For all 4 procedures, observed operative mortality rates were significantly lower at VHVHs than at VLVHs (Figure). Absolute differences in observed operative mortality between VLVHs and VHVHs were somewhat larger in high-risk patients. However, volume-related differences in mortality were also significant for low-risk patients in all 4 procedures. In terms of relative risks, the effect of hospital volume was similar in both high- and low-risk patients. The relative risk of mortality between VLVHs and VHVHs were nearly equal for CABG (0.78 versus 0.77, respectively), AVR (0.73 versus 0.76), MVR (0.73 versus 0.74), and AAA repair (0.51 versus 0.54).
Like many previous studies, our study describes a significant volume-outcome effect for 4 cardiovascular procedures. Unlike recent work by Nallamothu et al,10 however, we did not find the volume effect to be restricted to high-risk patients. Whereas absolute differences in observed operative mortality were larger in high-risk patients for all 4 procedures in our study, relative risks of mortality between VHVHs and VLVHs were nearly identical for high-risk and low-risk patients.
There are several possibilities for the discordant findings between our study and that of Nallamothu et al. First, because the study by Nallamothu et al was relatively small (n=13 644), its results are likely less precise than our findings, which were based on over 800 000 patients. Second, the database used for the study by Nallamothu et al was limited to 150 hospitals, which limits the generalizability of their findings. In contrast, our study is based on essentially all hospitals performing cardiac surgery in the United States.
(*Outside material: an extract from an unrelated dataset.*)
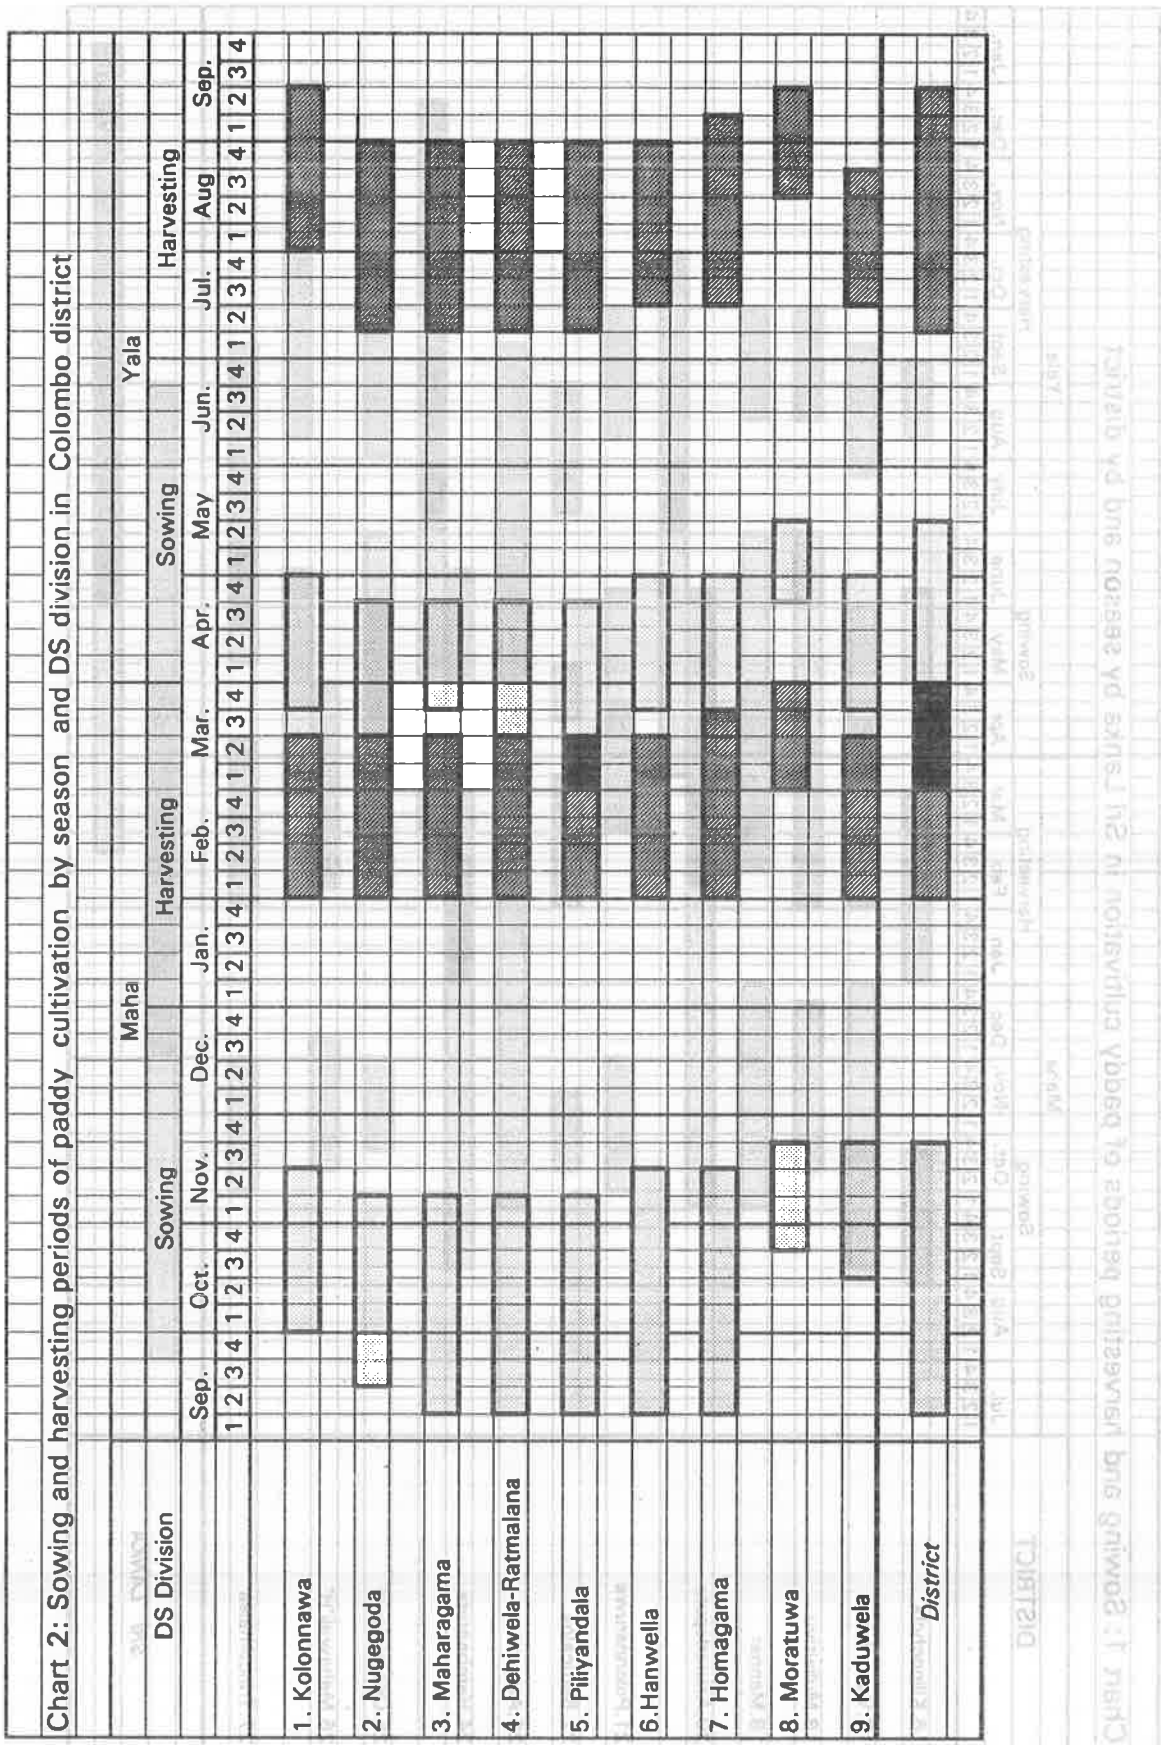

Table 26: Sowing and harvesting periods of paddy cultivation in Mahaweli H Special area

Chart 1: Sowing and harvesting periods of paddy cultivation in Sri Lanka by season and by district

Chart 1: Sowing and harvesting periods of paddy cultivation in Sri Lanka by season and by district

Moreover, our findings were consistent across 4 common cardiovascular procedures.
Our study has 2 important limitations. First, given the well-described limitations of claims data for classifying illness severity,13,14 our risk prediction models were limited in their ability to discriminate high- and low-risk patient groups. Nonetheless, the 2-fold differences in predicted and observed mortality rates between high- and low risk patients with each procedure suggest at least face validity for our risk prediction methods. Second, because we relied on Medicare data (patients over 65 years of age), our analysis does not include the very low-risk subgroup of younger patients. Although the generalizability of our findings to younger patients is unknown, it is important to note that Medicare patients comprise a majority of patients undergoing cardiovascular procedures and an even larger majority of those who die perioperatively.15
The merits of volume-based referral initiatives like the Leapfrog Group effort are debated hotly.7,16,17 Pointing to the magnitude of observed volume-outcome associations, proponents argue that these initiatives could potentially avert thousands of surgical deaths and that, at the very least, patients should be informed about the importance of volume for some procedures. Opponents point out that the potential benefits of volume-based referral initiatives come at the cost of disrupting traditional referral lines for tens or even hundreds of thousands of patients. Some of indirect effects of these policies could be harmful for both patients and small hospitals. Our study does not address these basic tradeoffs. However, it does suggest that restricting volume-based referral initiatives to high-risk patients is unlikely to be an easy solution to this policy dilemma.
This study was supported by a grant (R01-HS10141-01) from the Agency for Healthcare Research and Quality.
The views expressed herein do not necessarily represent the views of the United States Government.